[[ DATA SECTION, beginning ]]

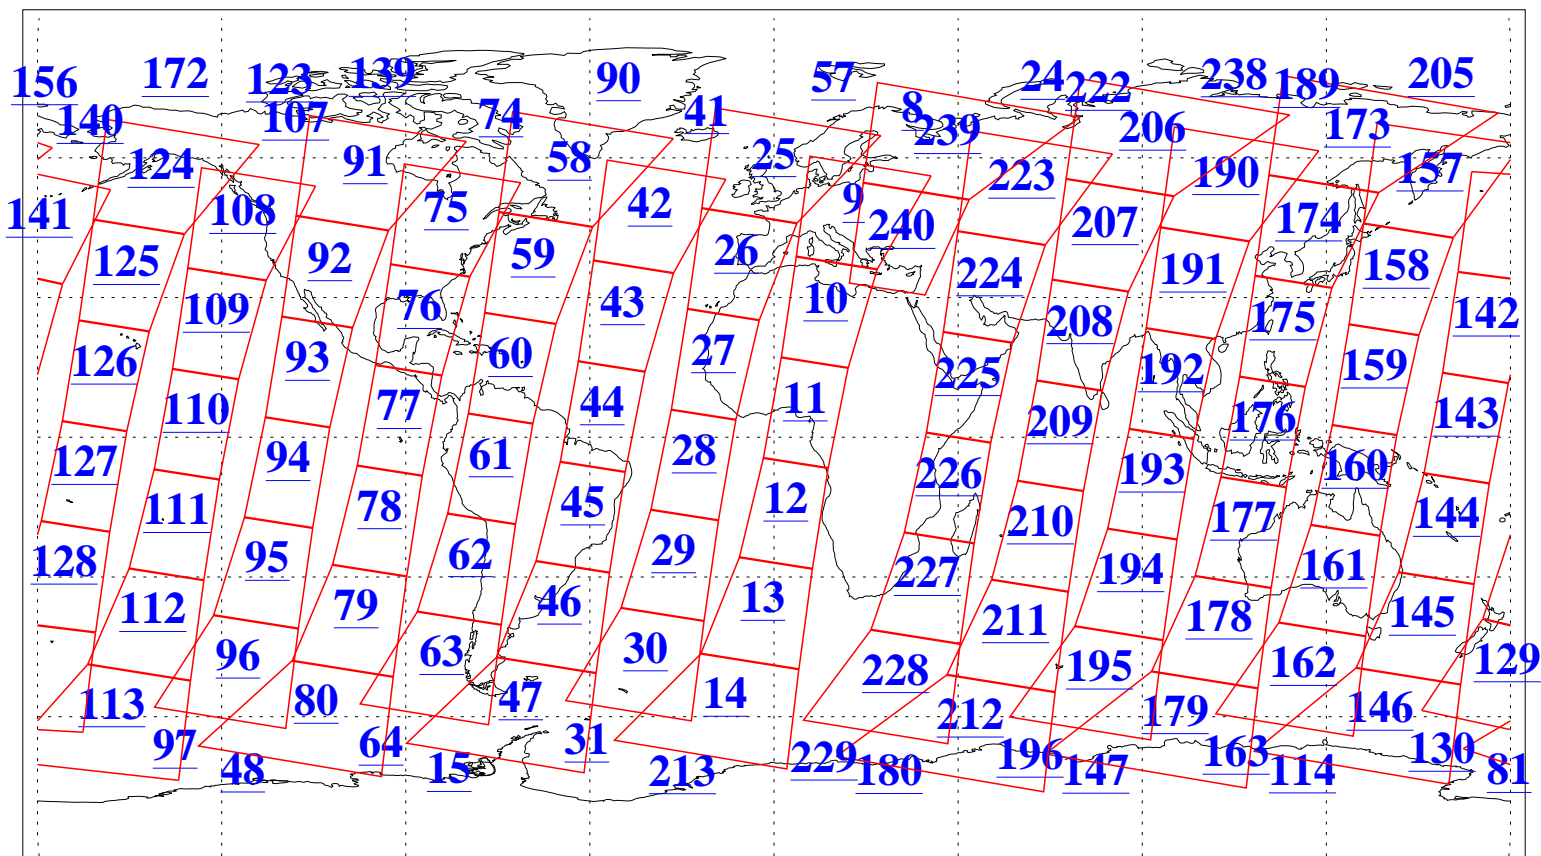

L1B Availability  
AMSU Granules: 240  
HSB Granules: 0  
AIRS Granules: 240

11 Mar 2013  
DoY 70  
Aqua Day 3964  
Granules: 1 to 120

Granules: 121 to 240

Legend: AMSU Available, HSB Available, AIRS Available

L1B Availability  
AMSU Granules: 240  
HSB Granules: 0  
AIRS Granules: 240

11 Mar 2013  
DoY 70  
Aqua Day 3964  
Ascending Granules

Descending Granules

Legend: AMSU Available, HSB Available, AIRS Available

L1B Availability  
 AMSU Granules: 240  
 HSB Granules: 0  
 AIRS Granules: 240

11 Mar 2013  
 DoY 70  
 Aqua Day 3964

Northern Hemisphere Granules

Southern Hemisphere Granules

Legend: AMSU Available, HSB Available, AIRS Available

[[ DATA SECTION, end ]]

WORK INSTRUCTION: Copy all the entries above exactly as they stand, except for the pictures.

YOUR SOLUTION:
L1B Availability  
AMSU Granules: 240  
HSB Granules: 0  
AIRS Granules: 240

11 Mar 2013  
DoY 70  
Aqua Day 3964  
Granules: 1 to 120

Granules: 121 to 240

Legend: AMSU Available, HSB Available, AIRS Available

L1B Availability  
AMSU Granules: 240  
HSB Granules: 0  
AIRS Granules: 240

11 Mar 2013  
DoY 70  
Aqua Day 3964  
Ascending Granules

Descending Granules

Legend: AMSU Available, HSB Available, AIRS Available

L1B Availability  
 AMSU Granules: 240  
 HSB Granules: 0  
 AIRS Granules: 240

11 Mar 2013  
 DoY 70  
 Aqua Day 3964

Northern Hemisphere Granules

Southern Hemisphere Granules

Legend: AMSU Available, HSB Available, AIRS Available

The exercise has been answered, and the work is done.